映像、ストーリー、演技と全てにおいてクオリティーの高い復讐スリラー。意外性もあるし、先も読めないしで面白かったです。66点(100点満点)
ブルー・リベンジのあらすじ
ボロボロの青色のセダンを根城にし、誰とも関わらないようにひっそりと生きているホームレスの男ドワイト(メイコン・ブレア)。警察に呼び出された彼は、両親を殺した犯人が刑に完全に服すことなく刑務所から出されることを告げられて大きなショックを受ける。
やがて、すさまじい怒りに駆られた彼は復讐(ふくしゅう)を決意。セダンを激走させ、釈放された犯人のもとへと向かうドワイト。だが、その復讐(ふくしゅう)劇は思わぬ事態を引き起こし……。
シネマトゥディより
ブルー・リベンジの感想
「グリーンルーム」のジェレミー・ソルニエ監督のオタクっぽい、さえないホームレスの男が繰り広げる、恐ろしさとリアリティー充分の復讐劇。
ある日、警察に呼び出されたドワイトは、かつて自分の両親を殺害した男が刑務所から出所することを告げられます。
それを聞いたドワイトは刑務所の入り口で男を待ち伏せし、車で尾行してバーのトイレで殺害します。ところがこれがきっかけで男の家族からドワイトの家族まで命を狙われることになり、家族同士の報復の火蓋が切って落とされる、というのが筋書きです。
ストーリーは至ってシンプルで、一族同士が相手の居場所を突き止めて、殺し合うスリリングなアクションが見所です。

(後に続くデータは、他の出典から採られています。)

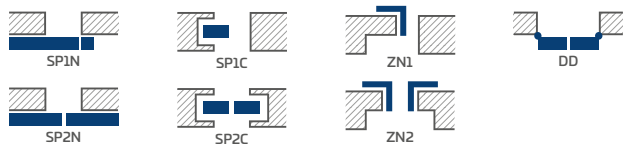

UNO PREMIUM klika CUBE matná černá

LAKOVANÉ

6110 Kč* / 7393 Kč**

BÍLÁ TITANOVÁ UV

DOSTUPNÁ ŘEŠENÍ (str. 135-143)

DOSTUPNÉ ŠÍŘKY KŘÍDEL

60 70 80 90 100

KONSTRUKCE
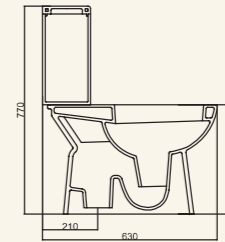

Lena

NEW

RIMLESS

LNRDAK03

Lena Rimless Taharet Borulu Asma Klozet
Lena Rimless Wall Hung WC Pan Combined Bidet

LNRDAK04

Lena Rimless Taharet Borusuz Asma Klozet
Lena Rimless Wall Hung WC Pan
24,4 kg ± %10

LNAKLZ01

Lena Taharet Borulu Altan Çıkışlı Klozet
Lena S-Trap WC Pan Combined Bidet

LNAKLZ02

Lena Taharet Borusuz Altan Çıkışlı Klozet
Lena S-Trap WC Pan
29,1 kg ± %10

LNARZV00

Lena Rezervuar
Lena Cistern
12,9 kg ± %10

LNAKLZ03

Lena Taharet Borulu Arkadan Çıkışlı Klozet
Lena P-Trap WC Pan Combined Bidet

LNAKLZ04

Lena Taharet Borusuz Arkadan Çıkışlı Klozet
Lena P-Trap WC Pan
28,6 kg ± %10

LNARZV00

Lena Rezervuar
Lena Cistern
12,9 kg ± %10
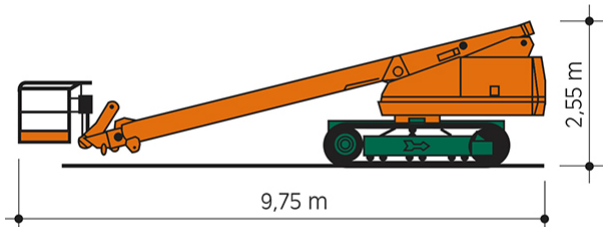

TELESKOP-ARBEITSBÜHNE RT 23

mit Raupenfahrwerk

Web:

www.cramer-arbeitsbuehnen.de

Telefon:

Brückenuntersichtgeräte: 02304 / 933-666

Arbeitsbühnen: 02304 / 933-555

Schulungen: 02304 / 933-588

Artikelnummer: RT 23

Kategorie: [Teleskop-Arbeitsbühnen mieten](#)

ADDITIONAL INFORMATION

Arbeitshöhe (m)	22.8
Plattformhöhe (m)	20.8
Korb schwenkbar (°)	180
max. seitliche Reichweite (m)	19.8
Korbbreite (m)	1.8
Korblänge (m)	0.75
max. Korbnutzlast (kg)	200
max. Personenzahl	2
Stützen vorhanden	Nein
Fahrzeuglänge (m)	9.75
Breite (m)	2.46
Höhe (m)	2.55
Gewicht (kg)	15300
Raupenantrieb	Stahl
Antrieb	Diesel
Allrad	Nein
Bodenbeschaffenheit	gerade/befestigt
Einsatzbereich	außen, innen
Nicht markierende Reifen	Nein
Arbeitsbereich	senkrecht nach oben, über Hindernisse nach oben, über hochgelegene Hindernisse nach oben
Passendes Schulungsangebot	IPAF Bedienschulung (3b)
Hersteller	Aichi
Hersteller-Typ	SR210
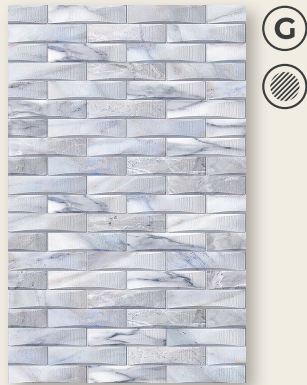

WALL TILE 25x40 CM

สีของสินค้าจริงอาจจะแตกต่างจากในรูปเล็กน้อยโปรดตรวจสอบสีของสินค้า ณ จุดจำหน่าย

สตันนิ่ง
RWED0241

บิลบอร์ด
BILLBOARD

ดกทีไวท์
WED062

แอตแลนติก
WED041

เชสบอร์ด
RWED0244

วิสที
WED011
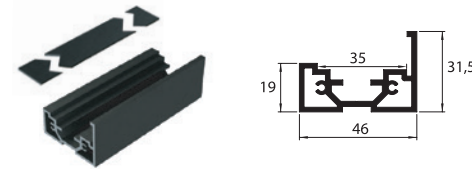

2 Puertas pivotantes

Puerta 2 hojas pivotantes + 1 fijo lateral

Puerta 2 hojas pivotantes + 2 fijos laterales

Cabecero

Particiones simuladas

Perfil decorativo adhesivo a escoger entre 4 opciones.

Componentes programa estándar

2 x Perfiles horizontales

2 x Perfiles verticales

Marco puerta perimetral

Bisagras pivotantes.
 Soportan hasta 65 Kg.
 Permiten mínima regulación vertical
 mediante arandelas.

Opción cerradura magnética
 1 x Picaporte con pestillo magnético a elección
 1 x Cerradero magnético
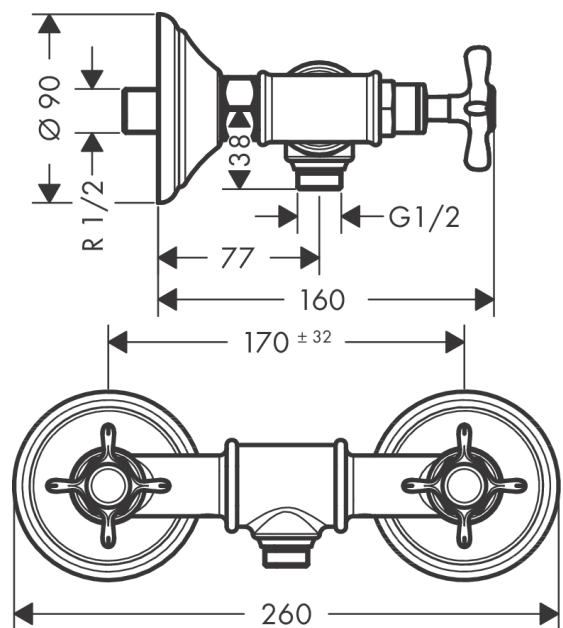

AXOR Montreux
2-Griff Brausearmatur Aufputz mit Kreuzgriffen
 Oberfläche: **Edelstahl Optic** Artikelnummer: **16560800**

Merkmale

- 1 Verbraucher
- Stichmaß: 170 ± 32 mm
- maximale Durchflussmenge bei 3 bar: 11 l/min
- Keramikventile heiß/ kalt 180°
- Rückflussverhinderer
- für Durchlauferhitzer geeignet
- Schlauchanschluss DN15
- Anschlussgröße: DN15
- Geräuschgruppe: II
- Durchflussklasse: B
- min. Betriebsdruck: 1 bar
- max. Betriebsdruck: 10 bar
- Anschlussart: S-Anschlüsse
- PA-IX 16944/IIB

Produktabbildung

Maßzeichnung

AXOR Montreux
2-Griff Brausearmatur Aufputz mit Kreuzgriffen
 Oberfläche: **Edelstahl Optic** Artikelnummer: **16560800**

Durchflussdiagramm
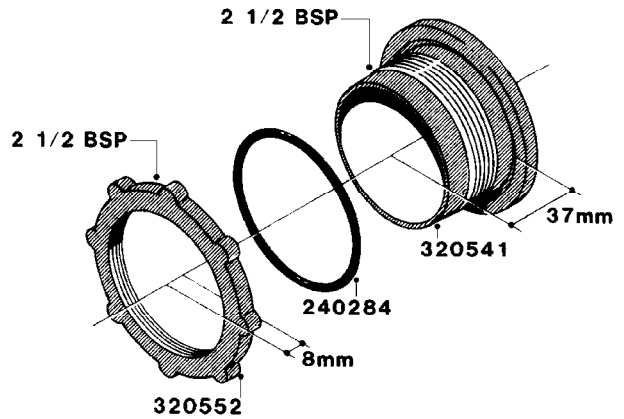

H030

FITTINGS - HEXAGON NIPPLES
H030-HIN, 01:01:01

Page 1

Date 18.03.2013 14:02

parts-n°	order qty	description
10015303	1	FITT.PO.HN 1.00X1.00 M1000
10425003	1	FITT.PO.HN 1.25X1.00 MCPHEE
320132	1	FITT.DK HN 1" BSP
320176	1	FITT.DK HN 3/8"X1/2" BSP
320445	1	FITT.DK HN 1/4"X3/8" BSP
320655	1	FITT.DK HN 1/2"-1/2" BSP
320692	1	FITT.DK HN 3/8'BSPX1/4'NPT
320703	1	FITT.DK HN 3/8BSP X1/2 &1/4NPT
320725	1	FITT.DK NIPPLE 3/8"-3/8" BSP
320902	1	FITT.DK HN 3/8'X 1/4' BSP
390232	1	FITT.DK HN 1-1/2' X 1-1/4' BSP
390276	1	FITT.DK HN 1'BSP

H040

FITTINGS - NIPPLES & ELBOWS
H040-HIN, 01:01:01

Page 1

Date 18.03.2013 14:02

parts-n°	order qty	description
10530803	1	FITT.PO.SE 2.00X2.00 45 DEG.
320191	1	FITT.DK ELB 3/8' BSP 45 DEGREE
320482	1	FITT.DK ELB. 1/2" BSP 60 DEG.
320596	1	FITT.DK ELB 3/8'-1/2' BSP 45DEG
320607	1	FITT.DK HN 3/8M X 3/8F BSP LNG
320633	1	FITT.DK HN 3/8"M X 3/8"F BSP
321451	1	FITT.DK ELB.1-1/2 X1-1/4 80DEG
321532	1	FITT.DK REDUC 3/4' X 1/2' BSP
390233	1	FITT.DK REDUC 1-1/2" X 1" BSP

H050

parts-n°	order qty	description
242594	1	O-RING D14 X 1.78 SCH.70-EPDM
320294	1	FITT.DK TEE 3/8X3/8HB X1/2"BSP
320305	1	FITT.DK HB 3/4'- 3/4' BSP
320386	1	FITT.DK TEE 3/8X3/8HB X3/8"BSP
320397	1	FITT.DK ELB 3/8"HB X 3/8" BSP
320401	1	FITT.DK TEE 1/2X1/2HB X1/2"BSP
320412	1	FITT.DK TEE 1/2X1/2HB X3/8'BSP
320423	1	FITT.DK ELB 1/2'HB X 3/8' BSP
320891	1	FITT.DK HB 3/8'- 3/8' BSP
320972	1	FITT.DK HB 5/16'- 1/4' BSP
322046	1	FITT.DK TEE 1/2X1/2HB X3/4'BSP
322048	1	FITT.DK TEE 3/4X3/4HB X3/4'BSP
330595	1	O-RING D24.6/D20X2.1 -3/4"
333137	1	FITT.DK CONN.1/2" F.NOZZ. DOUB
333141	1	FITT.DK CONN.1/2" F.NOZZ.SING
334041	1	FITT.DK CONN.3/4' F.NOZZ. SING
334042	1	FITT.DK CONN.3/4' F.NOZZ. DOUB
334195	1	FITT.DK ELB. 3/4"HB X 3/4"HB
10012103	1	FITT.PO.HB 1.25X1.50 IMB1012
10014003	1	FITT.PO.HB 1.25X1.25 IMB1010
10036903	1	FITT.PO.HB 1.50X1.50 IMB1212
28019303	1	FITTING HB ELB 3/4NPT-3/4HOSE
61016500	1	HOSE TAIL 3/4" 90°+RG CAP 3/4"
72026700	1	NOZZLE TUBE ADAPTER W/O-RING
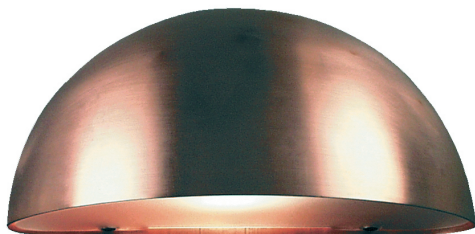

SCORPIUS | APPLIQUE MURALE | CUIVRE

21651030

nordlux®

Tension (V): 220-240 Volt
Protection IP: IP33
Puissance maximale de l'ampoule (W): 40W

Classe (Classe 1, Classe 2, Classe 3): Classe 1 (Prise de terre)

Culot d'ampoule: E14
Connexion parallèle: True

Matière première: Cuivre
Matériau secondaire: Matière plastique

Couleur du verre: Satin
Convient pour le bord de mer: True
Couleur: Cuivre

Hauteur (cm): 10
Largeur (cm): 20
Projection (cm): 10

- Design intemporel • Connexion parallèle intégrée
- Matériau durable adapté aux conditions climatiques difficiles • Garantie de 15 ans sur la détérioration de la surface

Le design de l'applique murale Scorpius pour usage extérieur est classique et intemporel. Scorpius peut être utilisée dans de nombreux endroits. Elle convient parfaitement près de la porte d'entrée, dans l'entrée, sur une clôture en bois ou dans une cage d'escalier. Elle peut être utilisée seule ou côte à côte en série.

Le cuivre est un matériau robuste et résistant aux intempéries, ce qui permet d'utiliser cette lampe dans des régions côtières au climat rude. Avec le temps, le cuivre prendra une belle patine.
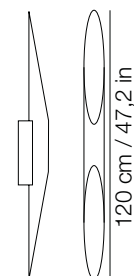

price VAT excl. / prezzo IVA esc.

€ 226

Ø 12,5 cm / 4,9 in

p. 64-66

p. 88,90-95
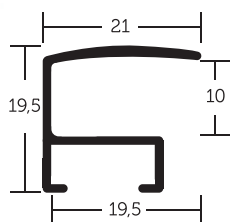

ALUMINIOVÉ ŘEZANÉ RÁMY / rovný profil

05

PROFIL

Širší pohledová hrana tohoto profilu je mírně zaoblená. Nechává vyniknout použitému materiálu a zajímavé povrchové úpravě. Vhodný k modernímu umění, technickým výkresům, mapám. Vzhledem k poměrně široké pohledové hraně a velkému montážnímu kanálu lze použít i k těžším a větším rámovaným objektům.

05

003	✓	stříbrná - lesk
004	✓	stříbrná - mat
021	✓	černá - mat
150	✓	flo. stříbrná
154	✓	flo. šedá
155	✓	flo. zlatá Amber
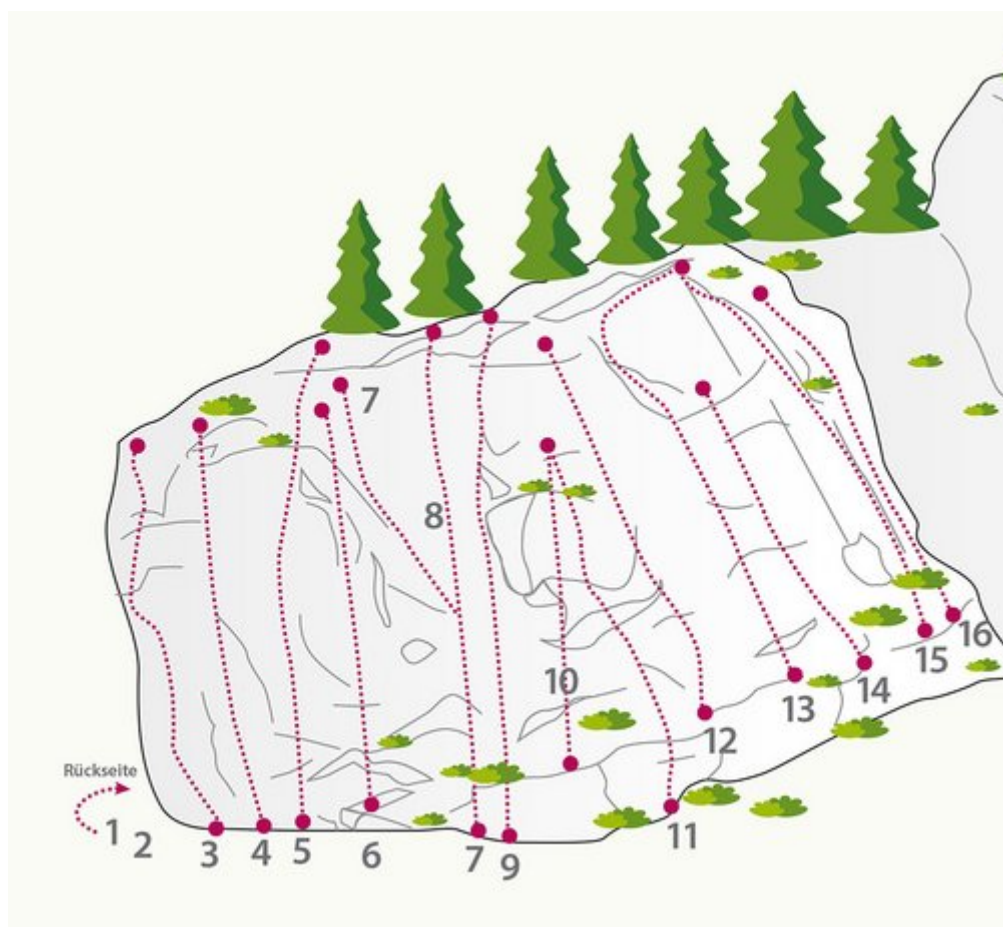

OBERRIED SPRINGTIME

Nr.	Name	Grad	Länge
1	Projekt 1		
2	Vollgas Briada	7a+	15 m
3	Springtime	6c	15.0 m
4	Schattenspiel	7a	15.0 m
5	Up to Date	6b+	20.0 m
6	Sergeant Pepper	6c	20.0 m
7	Abbey Road	5c	20.0 m
8	Halloween	7b	20.0 m
9	Lausbubenschneidung	6a	20.0 m
10	Short Story	6c+	20.0 m
11	Mixed Pickles	6c	15.0 m
12	Sindbad	5c	18.0 m
13	Papermoon	6b	18.0 m
14	Moulin Rouge	6b	18.0 m
15	Orangerie	6b	18.0 m
16	Stardust	7c	18.0 m
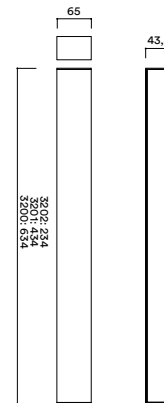

H(m)	D(cm)	Lux
1	268	95
2	537	24
3	805	11

2700K 120°

cambio sin previo aviso change without notice

ほかの復讐劇と一味違うのは、主人公が男前で腕っぷしも強く、格好よく相手を倒していくのではなく、揉みくちゃになっては血だらけになり、それでもなんとか男をやっつけたと思えば、トイレに車のキーを置き忘れてしまったり、あとは殺すだけという場面で銃を取られてしまったりと、運動神経の悪さとドジさが目立つ普通の男だという点です。
だからこそ視聴者は主人公の危なっかしさに余計にハラハラする、という上手い演出になっているのです。
セリフも少なめで、会話で話が進んでいく映画でもありません。夜中に相手の家に押しかけて、そっと引き金を引くような緊張感溢れるシーンの連続で構成されているので、頭を使いたくない日に見るのがいいでしょう。
ひとつ惜しいなあ、と思ったのは、相手を銃で制圧して、あとは撃つだけというシーンで、さっと撃たずに、じらしてじらして、「いいか、お前は今日死ぬんだぞ、これは両親の仇だからな。いいな、もう撃つからな。本当に撃つからな。本当だぞ、本当なんだぞ」的な前置きがあるのが面倒くさかったです。
殺す決心はとっくの昔についてるはずなんだから、直前になってぐずぐずする意味が分かりません。あそこの会話も省いてくれればより一層リアリティーがあっていいんですけどね。そういえばこの映画に限らず、「いいから早く撃てよ」っていう映画多いですよね。あれ、なんとかならないんですかね。
あと、劇中では警察がわざわざ被害者家族に加害者の出所情報を明かしたりしていますが、あれは法律的にアウトですよね? アメリカならその辺はもっときちんとしてそうですけどね。
ちなみに僕の住むブラジルでは司法や警察が腐りきっているので、その辺の情報はダダ漏れです。一度友人が強盗に襲われて、警察所に被害届けを出しに行ったら、強盗はあえなく逮捕されたのに、それから数日後に強盗の家族(嫁)が赤ん坊を抱えて家に押しかけてきたそうです。
「旦那が捕まったらこの子が路頭に迷うから訴えを退けて欲しい」。
お前とお前の家族が住んでるところは知ってるぞという最低の脅迫です。家族同士の復讐劇はこうして始まるのです。